Otta seal is considered to be a low cost seal. With its low initial cost and less demanding maintenance, it is a very cheap alternative for road surfaces. The cost for a double layer Otta seal is about US $2.00 to US $2.70 per square meter (US $2.40 to US $3.25 per square yard) and will last from 8 to 15 years. For a road that is 1.6 km (1 mile) long and 12 m (40 feet) wide it would cost between US $39,000 to US $52,000.

==Physical properties==

Otta seal is a type of road surfacing consisting of a bituminous binding substance and aggregate rocks ranging from gravel to fine particles. It is stronger than similar inexpensive surfacing techniques such as chip seal.

The type of bitumen used can greatly affect the strength of the road. Bitumen binders that are more viscous tend to move through the aggregate faster, but are not as hard and cannot handle heavier loads.
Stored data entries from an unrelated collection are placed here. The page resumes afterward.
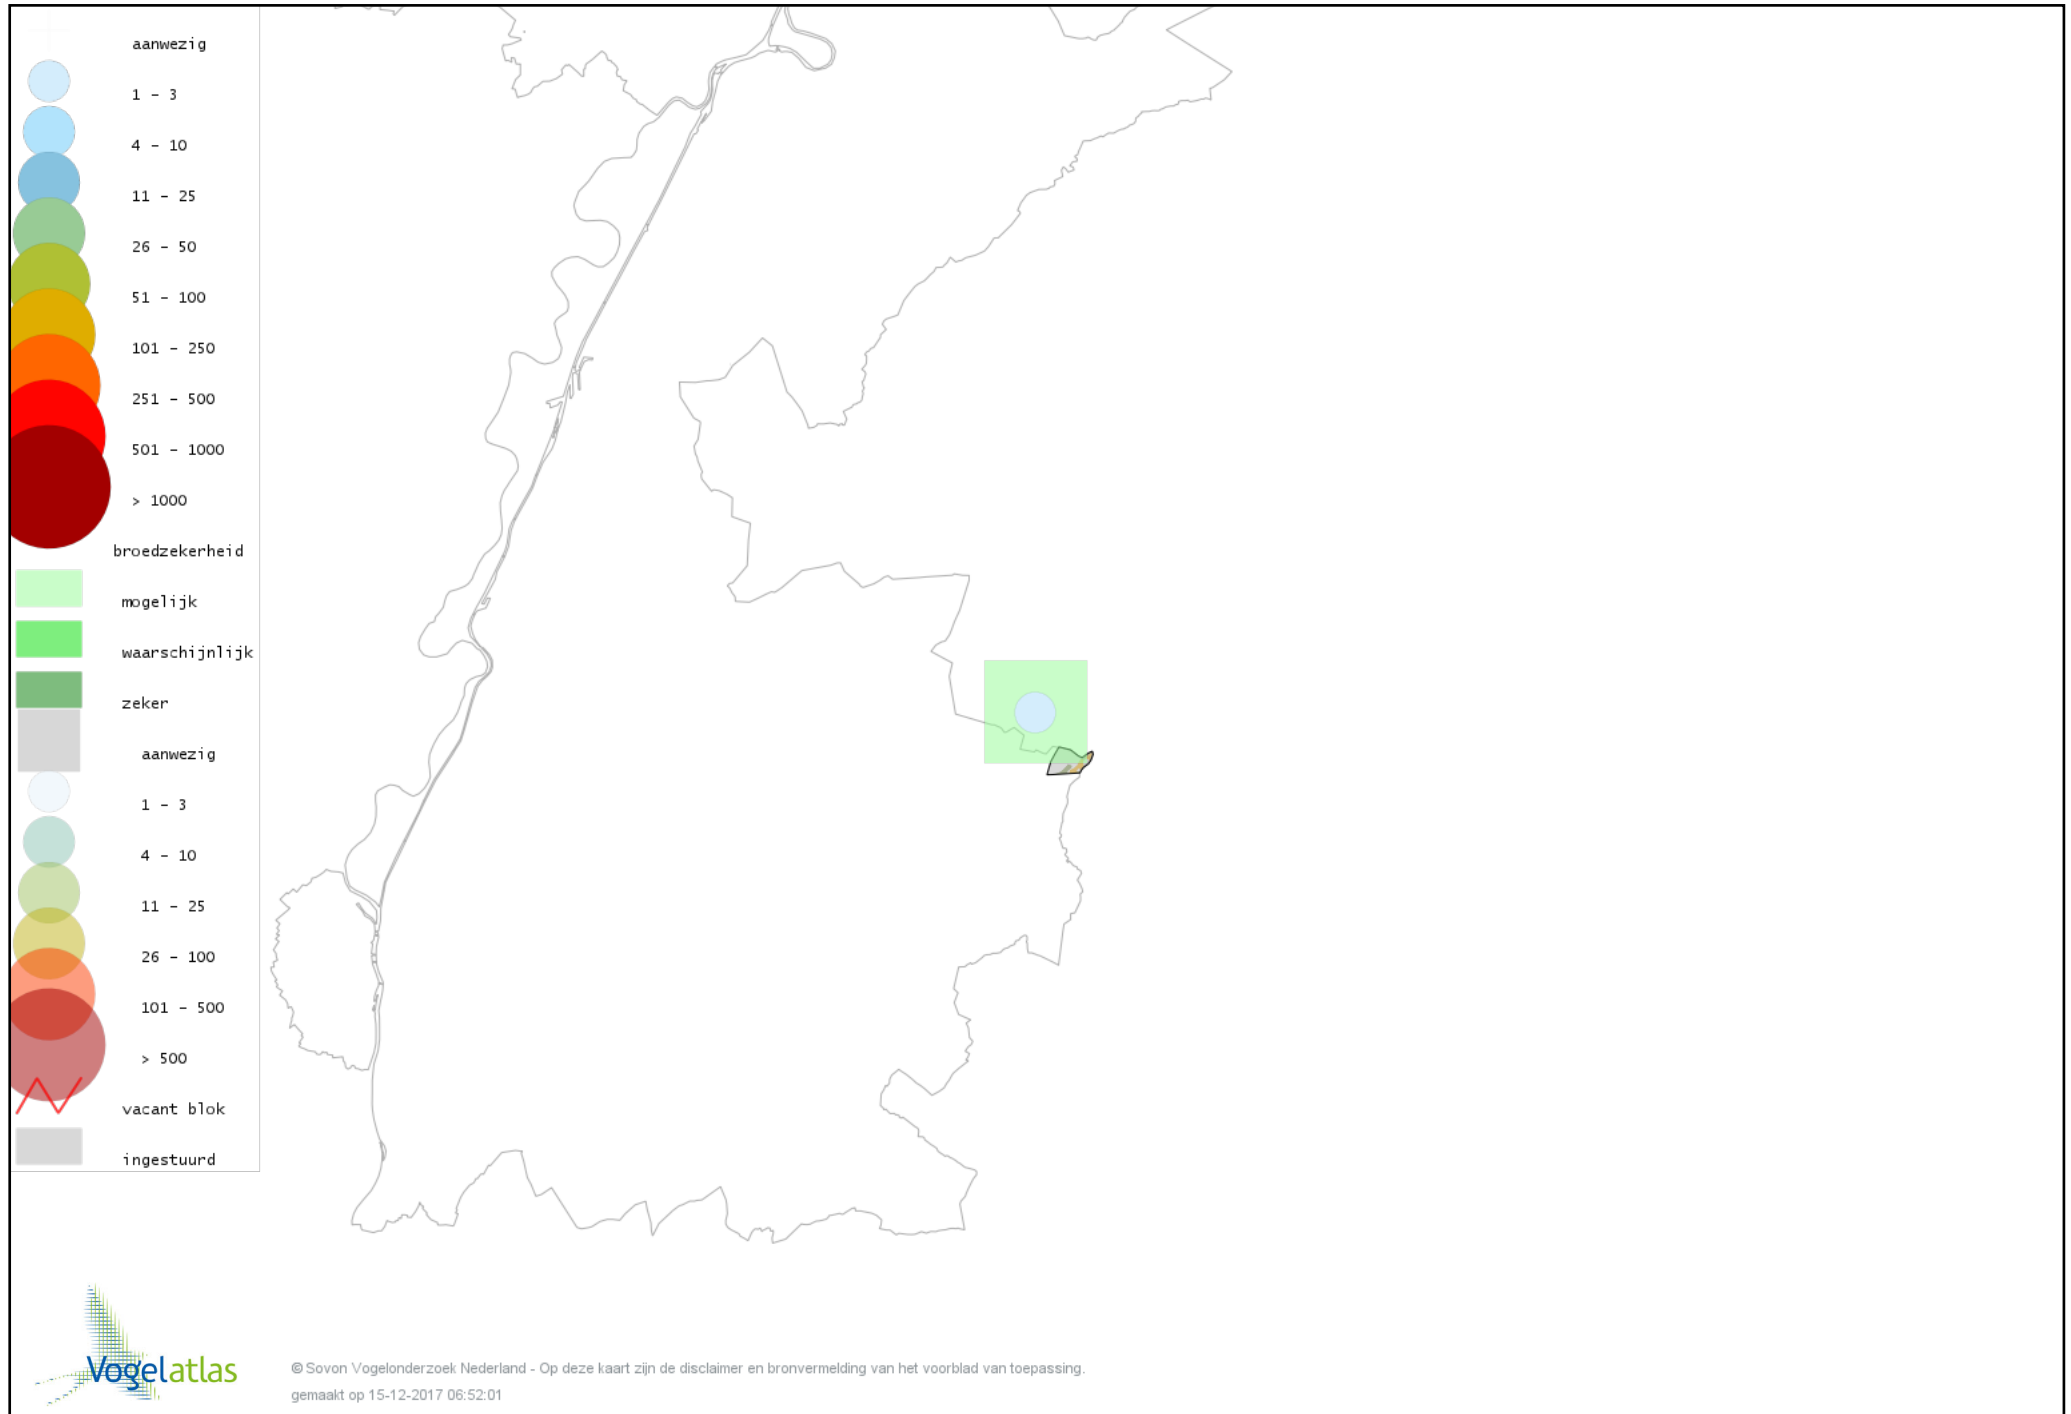

Voorlopige verspreidingskaart Fazant broedseizoen

Voorlopige verspreidingskaart Dodaars broedseizoen

Voorlopige verspreidingskaart Havik broedseizoen

Voorlopige verspreidingskaart Sperwer broedseizoen

Voorlopige verspreidingskaart Buizerd broedseizoen

Voorlopige verspreidingskaart Torenvalk broedseizoen

Voorlopige verspreidingskaart Waterhoen broedseizoen

Voorlopige verspreidingskaart Meerkoet broedseizoen

Voorlopige verspreidingskaart Kievit broedseizoen
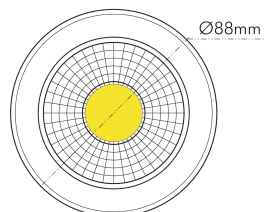

DATENBLATT

A 5068 T Flat weiss-matt 8W 930 38° dim Dali

LED Downlight A 5068 T Flat, COB LED, schwenkbar

Artikelnummer	1856866033
GTIN	4044538075761

LICHTTECHNISCHE EIGENSCHAFTEN

Farbtemperatur	3000 K
Lichtfarbe	warmweiß
LED Effizienz [System]	112 lm/W
Gesamtlichtstrom	900 lm
Ausstrahlwinkel	38 °
Farbabstand (MacAdam)	3 SDCM
Farbwiedergabeindex Ra	90
Farbwiedergabeindex R9	68
Bildschirmarbeitsplatztauglich nach EN 12464-1	nein
Lichtverteiler	Reflektor
L80B10 - Lebensdauer bei 25 °C	50000 h
L70B50 - Lebensdauer bei 25°C	50000 h
Farbe steuerbar (RGB)	nein
Farbtemperatur einstellbar	nein
Konstant-Lichtstrom-Regelung	nein
Lichtverteilung	symmetrisch
Lichtaustritt	direkt
Leuchtmittel	COB
Lichtkegel	mediumstrahlend 21-40°
Geeignet für Anzahl der Lichtquellen	1

Stand
11.06.2026
22:58:38

A huge advantage of Otta seal over other seals is the ability to use almost any type or size of crushed rocks as the aggregate. Depending on where in the world the road is being constructed and therefore what types of rock are available, the strength of an Otta seal can vary greatly. Commonly, the gravel used contains sandstone, basalt, and even coral or volcanic stones. Also, size of the particles varies greatly, with a preferred maximum of 16 mm and 19 mm (0.63 inch and 0.75 inch) for single and double Otta seals, respectively. Typically, the concentration of fine particles of less than 0.075 mm (0.003 inch) should be less than 10%.
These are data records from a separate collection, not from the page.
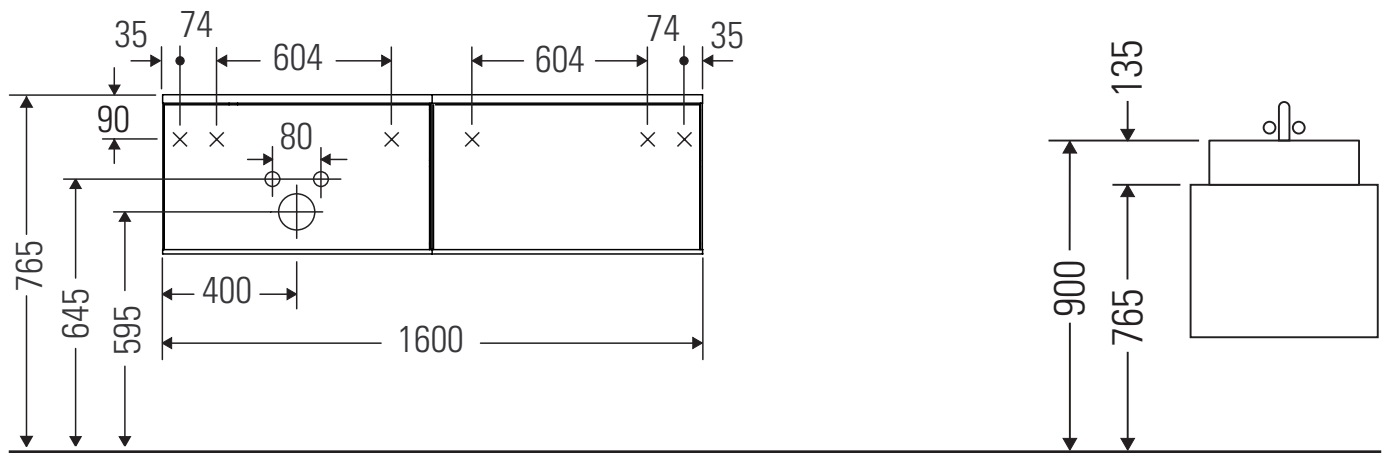

Zencha

ZE 4824 L/R

Montageanleitung

Zencha

Verwendungshinweise

Die Badmöbelserie entspricht den gültigen Normen und Richtlinien zum Zeitpunkt der Auslieferung und ist für den Einsatz in Bädern konzipiert. Eine direkte Benetzung mit Wasser z. B. beim Duschen ist zu vermeiden.
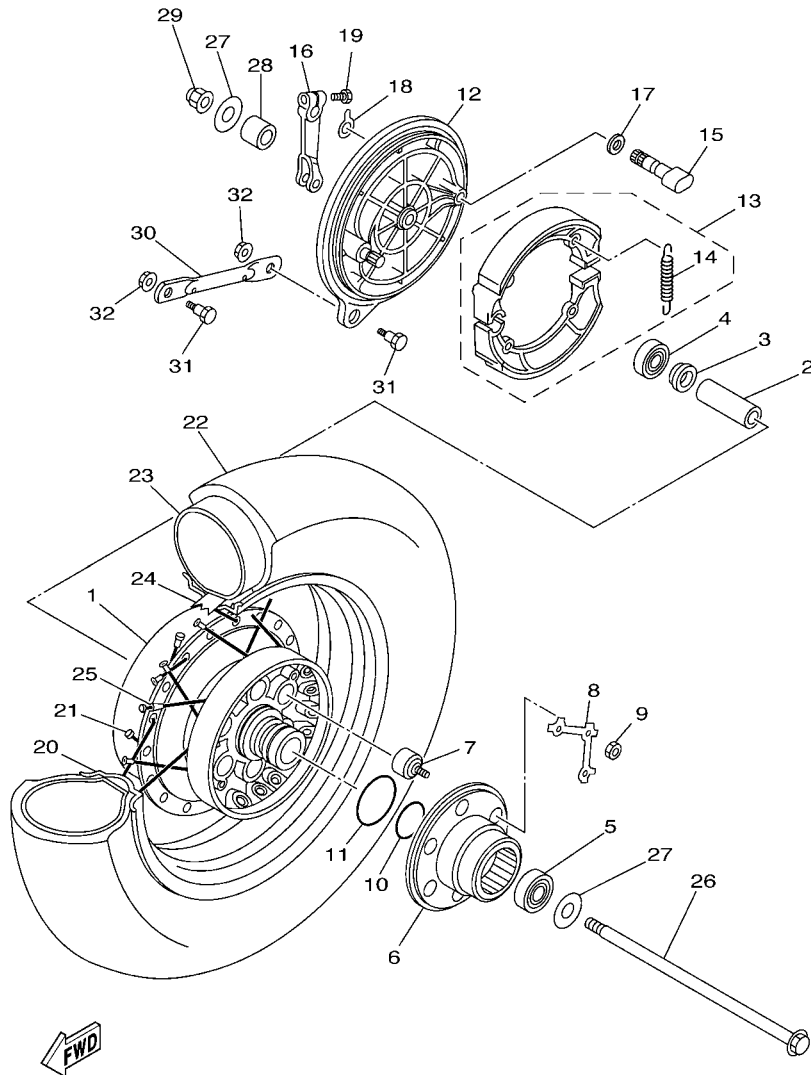

5BNV300-1290

FIG. 29 RODA TRASEIRA

REF. NO.	No. PEÇA	DESCRIÇÃO	5WD4			OBSERVAÇÕES
1	3JB-25311-00-35	CUBO DA RODA TRASEIRA	1			SL FOR SMX,DRMK
2	2GV-25317-00	ESPACADOR DO ROLAMENTO	1			
3	2GV-25315-00	FLANGE ESPACADORA	1			
4	93306-30213	ROLAMENTO	1			
5	93306-30212	ROLAMENTO	1			
6	4TR-25366-00	EMBREAGEM DO CUBO	1			
7	4TR-25364-00	AMORTIZADOR	6			
8	16G-25412-00	ARRUELA TRAVA	2			
9	90170-10219	PORCA	6			
10	93210-48530	ANEL DE BORRACHA	1			
11	93210-61750	ANEL DE BORRACHA	1			
12	4TR-25321-00	PRATO DA SAPATA DE FREIO	1			
13	3DR-W253E-00	JOGO DE SAPATA DE FREIO	2			
14	90507-20002	MOLA DE TENSÃO	2			
15	4H7-25351-00	EIXO CAMES	1			
16	214-25355-00	ALAVANCA DO EIXO CAMES	1			
17	90201-14577	ARRUELA PLANA	1			
18	4H7-2533A-02	PLACA INDICADORA	1			
19	90101-06764	PARAFUSO	1			
20	94435-15586	ARO DA RODA (15M/C X MT3.50)	1			
21	4VR-25304-02	JOGO DE RAIOS TRASEIROS 2	1			
22	94117-15W32	PNEU (170/80-15 K555)	1			PIRELLI
23	94217-15W40	CAMARA DE AR (170/80-15 PV78)	1			PIRELLI
24	94317-15173	CINTO DO ARO (170/80-15)	1			PIRELLI
25	3HT-25398-00	BALANCEADOR DA RODA (15G)	1			UN
26	4TR-25381-00	EIXO DA RODA	1			
27	90201-152L7	ARRUELA PLANA	2
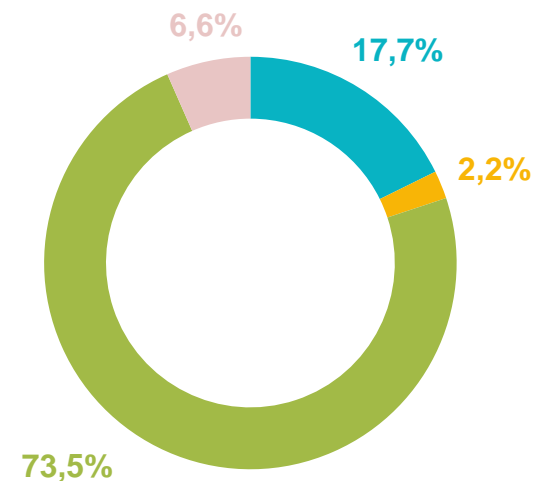

по частоте выполняемых работ

- Еженедельно
- Ежемесячно
- Несколько раз в год / время от времени
- Один раз в год
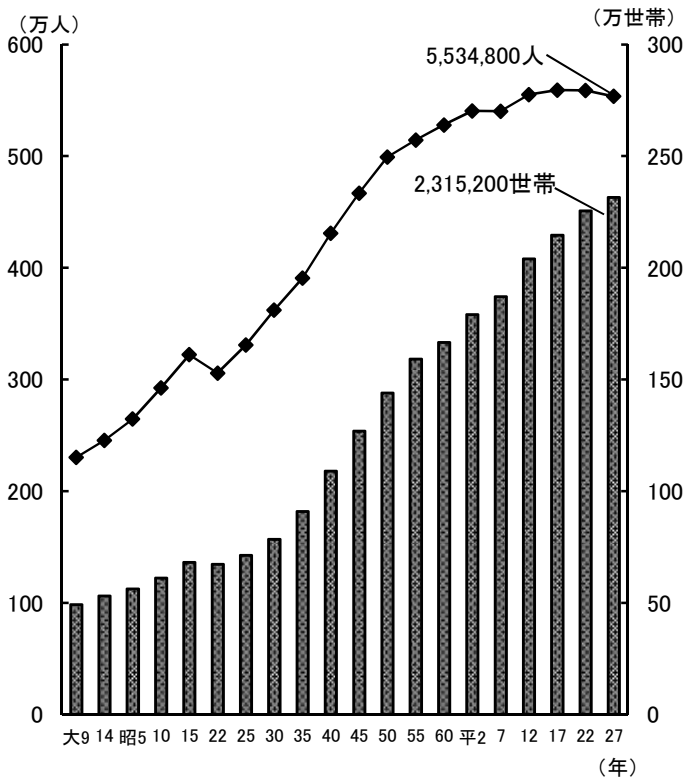

世帯・人口

●人口・世帯数の推移

資料:総務省統計局「国勢調査報告」(各年10月1日現在)

●年齢3区分別人口の推移

資料:総務省統計局「国勢調査報告」(各年10月1日現在)

●人口の地域別構成比(平成30年)

資料:県統計課「兵庫県推計人口」(平成30年10月1日現在)

●男女別未婚率(15歳以上)の推移

資料:総務省統計局「国勢調査報告」(各年10月1日現在)

世帯・人口

●出生数と死亡数の推移

資料: 県情報事務センター
「人口動態統計(確定数)の概況」

●婚姻件数と離婚件数の推移

資料: 県情報事務センター
「人口動態統計(確定数)の概況」

●転入・転出者数の地方別割合 (平成29年)

資料: 総務省統計局
「住民基本台帳人口移動報告年報」

Adhesive agents are generally added to increase the strength between the aggregate and the bituminous binder. It is this interaction that gives Otta seal its strength and durability.
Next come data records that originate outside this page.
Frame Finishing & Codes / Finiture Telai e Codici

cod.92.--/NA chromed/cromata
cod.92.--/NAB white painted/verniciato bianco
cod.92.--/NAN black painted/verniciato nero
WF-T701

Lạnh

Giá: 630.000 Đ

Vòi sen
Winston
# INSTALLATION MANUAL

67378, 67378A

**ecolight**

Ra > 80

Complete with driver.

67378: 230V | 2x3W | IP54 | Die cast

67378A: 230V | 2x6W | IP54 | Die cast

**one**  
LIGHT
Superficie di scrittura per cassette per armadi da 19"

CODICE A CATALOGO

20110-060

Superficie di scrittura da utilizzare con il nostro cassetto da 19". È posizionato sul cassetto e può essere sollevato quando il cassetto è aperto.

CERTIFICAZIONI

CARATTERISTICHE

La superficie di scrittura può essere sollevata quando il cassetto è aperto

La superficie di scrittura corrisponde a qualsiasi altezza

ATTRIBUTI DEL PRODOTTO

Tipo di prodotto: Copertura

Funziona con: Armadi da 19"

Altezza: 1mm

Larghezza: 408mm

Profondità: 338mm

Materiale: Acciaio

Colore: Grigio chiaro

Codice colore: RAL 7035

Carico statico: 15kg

==Pros and cons of Otta seal==

There are many factors when considering what type of road surfacing is necessary. Most advantages to Otta seal over other inexpensive surfacing techniques spring from its ability to use a wide range of materials and material sizes during construction. Pros and cons are listed here:

===Pros===

- Can be used in remote areas with whatever gravel is available
- Less waste when using crushed material
- Cheaper, lower grade materials can be used
- More tolerant of pavement deflection
- Much less precise proportions, resulting in fewer mistakes
- More durable and less maintenance
- Workers require very little technical skill
- Resistance to cracking from solar radiation
- Impermeable, so water can run off
- Can be used in any climate
- Can be broken down and reused

===Cons===

- Requires more material
- Grade cannot exceed 8% for single Otta seal (12% for double)
- Must be applied at above 10 °C (50 °F)
- Excessive dust during installation process and weeks after.

==Durability and weathering==

Otta seal is more durable than many alternative seals. It is impermeable and resistant to cracking from the sun’s radiation. Cracks form in all roads due to changes in temperature, but Otta seal performs better than other seals. Overall, Otta seal can be expected to last 50 to 60 percent longer than a chip seal. This results in a lifespan between 6 and 12 years if properly maintained, and even longer if a sand seal is used on top of the Otta seal.